◆ The task
Below are some entries. Copy each line in them that holds "Inox".

(Dataset records)
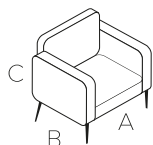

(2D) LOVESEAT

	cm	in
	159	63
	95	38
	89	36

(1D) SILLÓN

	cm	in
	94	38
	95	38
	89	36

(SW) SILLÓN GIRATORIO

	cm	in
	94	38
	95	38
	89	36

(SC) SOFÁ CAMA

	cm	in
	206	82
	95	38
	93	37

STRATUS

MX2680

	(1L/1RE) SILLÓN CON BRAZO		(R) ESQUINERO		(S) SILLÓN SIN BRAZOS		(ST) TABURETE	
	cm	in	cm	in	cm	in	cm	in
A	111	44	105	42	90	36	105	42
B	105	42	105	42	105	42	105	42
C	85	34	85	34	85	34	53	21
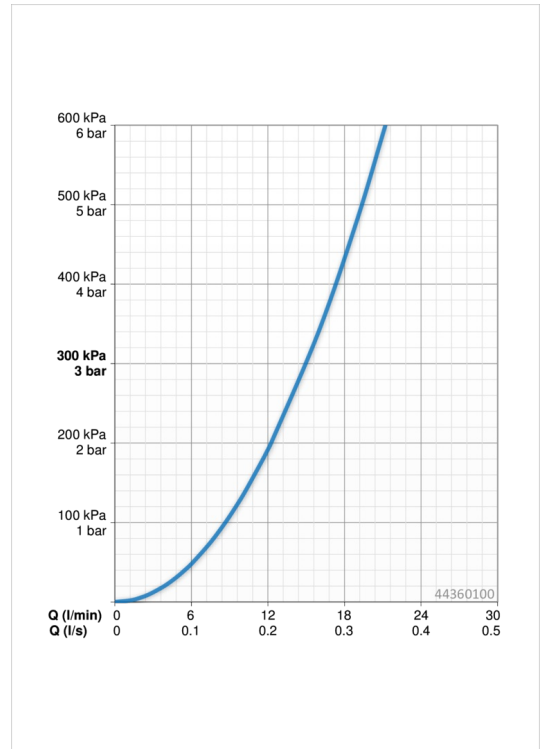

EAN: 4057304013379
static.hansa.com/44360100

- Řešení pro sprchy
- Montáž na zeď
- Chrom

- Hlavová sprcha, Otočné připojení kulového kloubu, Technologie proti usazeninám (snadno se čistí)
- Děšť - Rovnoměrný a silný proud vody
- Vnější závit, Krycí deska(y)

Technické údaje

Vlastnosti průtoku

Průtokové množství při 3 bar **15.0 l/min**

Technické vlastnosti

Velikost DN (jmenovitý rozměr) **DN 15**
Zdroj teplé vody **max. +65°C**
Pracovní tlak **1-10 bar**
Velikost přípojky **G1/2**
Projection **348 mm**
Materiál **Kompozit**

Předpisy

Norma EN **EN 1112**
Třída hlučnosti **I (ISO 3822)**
* * *
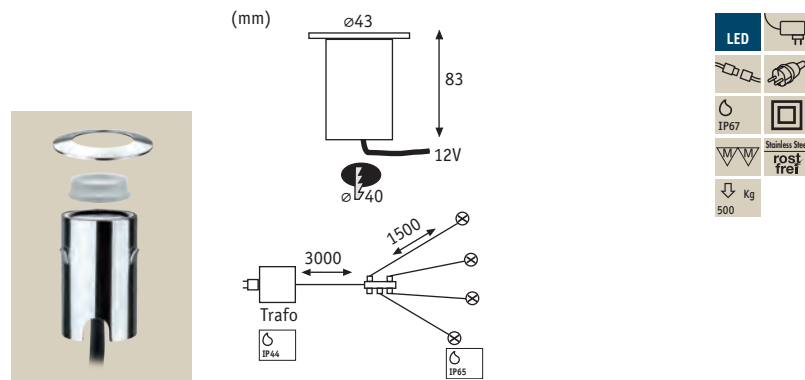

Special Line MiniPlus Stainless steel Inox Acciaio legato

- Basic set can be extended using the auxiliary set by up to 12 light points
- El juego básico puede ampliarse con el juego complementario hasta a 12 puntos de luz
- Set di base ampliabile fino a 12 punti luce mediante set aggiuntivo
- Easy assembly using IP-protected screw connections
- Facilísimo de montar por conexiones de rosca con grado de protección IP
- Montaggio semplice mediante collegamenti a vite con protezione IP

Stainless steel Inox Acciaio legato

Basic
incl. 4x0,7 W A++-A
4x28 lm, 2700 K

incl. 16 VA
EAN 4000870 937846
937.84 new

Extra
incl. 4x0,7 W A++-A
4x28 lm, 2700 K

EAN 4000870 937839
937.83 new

◆ Output of the exercise
Special Line MiniPlus Stainless steel Inox Acciaio legato
Stainless steel Inox Acciaio legato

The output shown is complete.